The Catacombe dei Cappuccini (Capuchin Catacombs) at Palermo are world famous, because of their mummifying effect. It was first discovered in 1599 when the monks built a new burial place below the church because the original cemetery was full. The first one to be buried was the recently-deceased Fra Silvestro of Gubbio. It is not exactly clear if they intentionally mummified him to store him in the catacombs, or if this effect was unintended. Nevertheless they started to relocate their dead from the old cemetery.

The catacombs were intended only for deceased friars, but soon, when the effect became known, many inhabitants of Palermo, especially the upper class, demanded to be buried here. They believed the mummification was an act of god. It became a status symbol to be entombed in the Capuchin catacombs. Over the centuries many thousand persons were buried here, some talk of 4,000, others of 8,000 bodies. According to a census made by EURAC in 2011 there are 1,252 mummies and about 8,000 corpses. Some were not preserved perfectly, others were destroyed during World War II, when the monastery was hit by Allied bombs, so at the moment the catacombs contain about 1,200 bodies.

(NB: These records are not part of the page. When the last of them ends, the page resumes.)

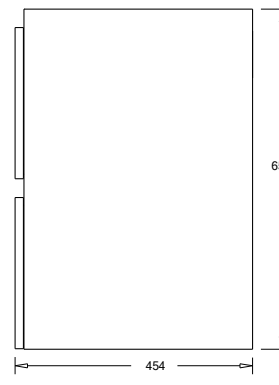

SPECIFICATION SHEET

Oxley Luxe 1200 4-Drawer Left Offset Basin Wall Hung Vanity

Features

- 4-Drawer Wall Hung Vanity - Colour options below
- Full Extension Soft Close Drawers with Extrusions - Extrusion upgrade options available
- Dimensions: H670 x W1200 x D465
- Slab Top Options:
20mm StoneCast Top or Quartz Slab Top

Midnight Stone
MS

Himalaya
HY

Note: To order a Slab Top, add the Slab Top code to the cabinet code

Technical Details

Note: All measurements shown are in millimetres. Sizes are nominal.

Note: Full Drawer Box on Right Hand Side

TOP VIEW

FRONT VIEW

SIDE VIEW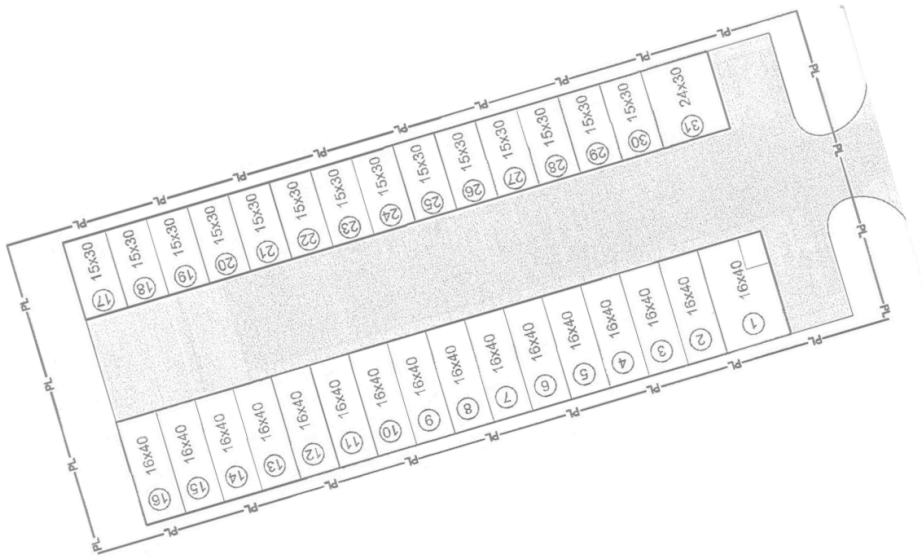

ASPEN STORAGE

2580 Tahoe Drive
Sumter, SC 29150
31 Available Units
24/7 Video Security
Gated Facility

UNIT 1	UNITS 2-15	UNITS 16-30	UNITS 31
26 x 40	16 x 40	15 x 30	24 x 30
932 sq. ft	640 sq. ft.	450 sq. ft.	720 sq. ft.
\$450	\$285	\$200	\$350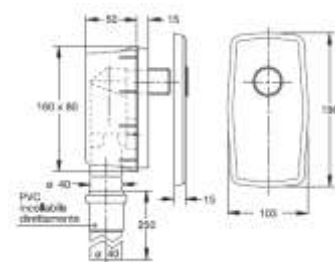

Compact" wall-trap to weld or to insert by washer

Material: PEHD / ABS

Colour: black / chrome-plated

Code	Description	Carton	Pallet	Volume	Availability
3400CR40B9	Plate and accessories in chrome-plated ABS	25	1000	0,057	●
3400EC40B9	Plate and accessories in white plastic	25	1000	0,057	●

Compact wall box with removable trap

Material: PEHD / ABS

Colour: black / chrome-plated

Code	Description	Carton	Pallet	Volume	Availability
3435CR40B9	Plate and accessories in chrome-plated ABS	25	625	0,106	●
3435EC40B9	Plate and accessories in white plastic	25	625	0,106	●

Compact" wall box with removable trap and coupling in PVC

Material: PEHD / ABS

Colour: black / chrome-plated

Code	Description	Carton	Pallet	Volume	Availability
3445CR40B9	Plate and accessories in chrome-plated ABS	25	625	0,106	●
3445EC40B9	Plate and accessories in white plastic	25	625	0,106	●

Wall trap in pvc for washing machine and dish washing machine, to be glued directly on to the pipe

Material: PVC / ABS

Colour: grey / chrome-plated

Code	Description	Carton	Pallet	Volume	Availability
3110CR40B2	Plate and accessories in chrome-plated ABS	25	1000	0,057	●
3110GZ40B2	Plate and accessories in white plastic	25	1000	0,057	●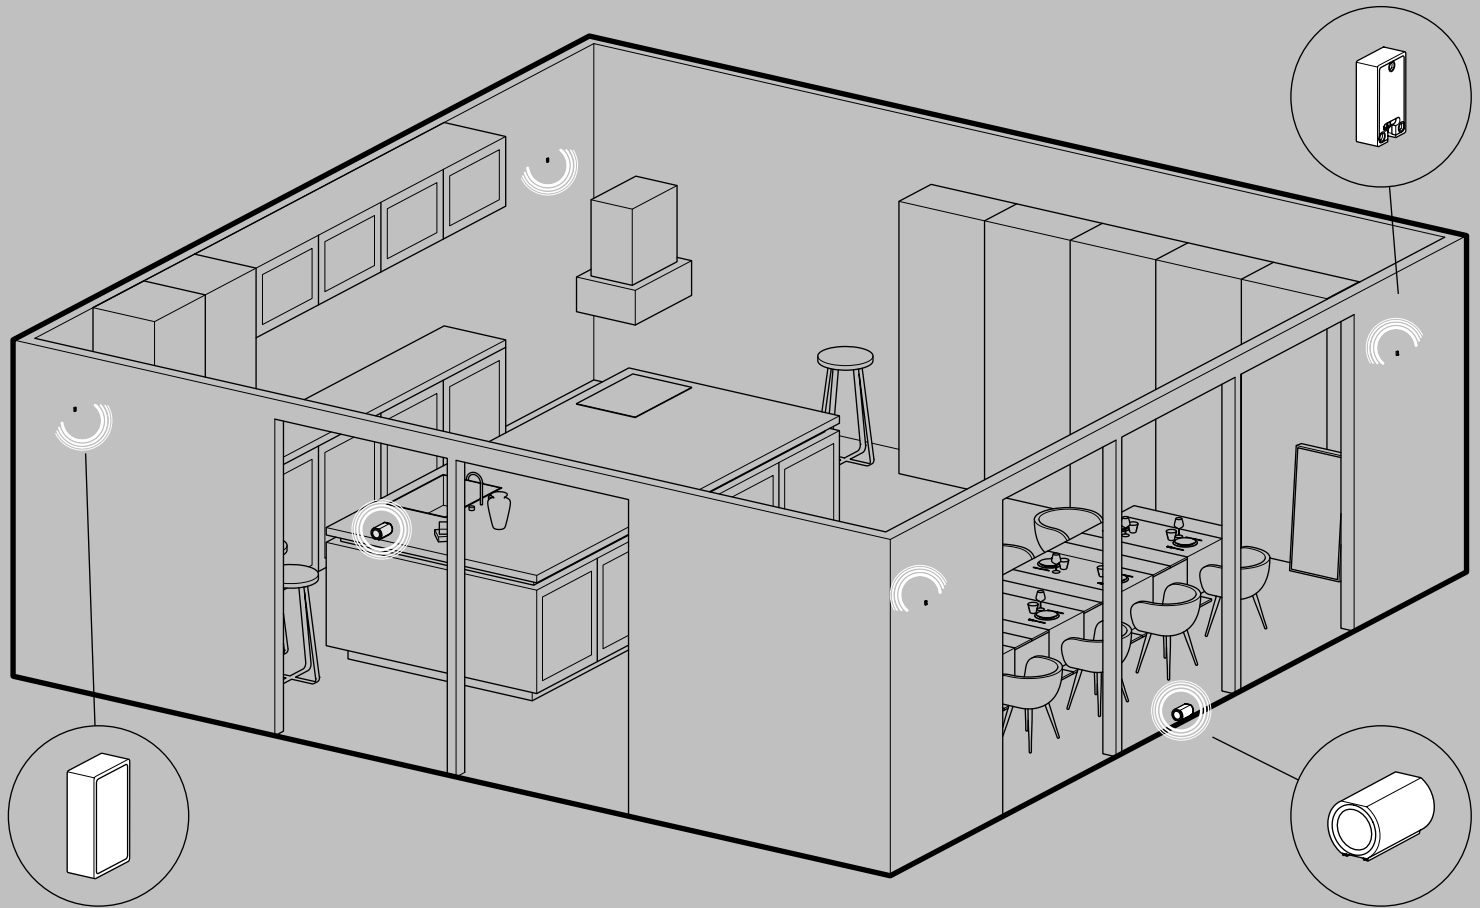

Conf.	Area	Speakers	Subwoofers	Amplifiers	Accessories	Music Use
1	90 sq m (969 sq ft)	4x Lizard-KZ11	2x Truffle-KTR24	1x Kommander-KA021	/

The habit to bury their dead in the catacombs was abandoned first by the friars, they stopped in 1871. The locals still wanted to be buried here, until this was finally discontinued in 1920. Only one more person was buried here afterwards, Giuseppe Tommasi, prince of Lampedusa and author of The Leopard. You probably remember the movie by Luchino Visconti with Burt Lancaster from 1963. He was buried in the catacombs in 1957.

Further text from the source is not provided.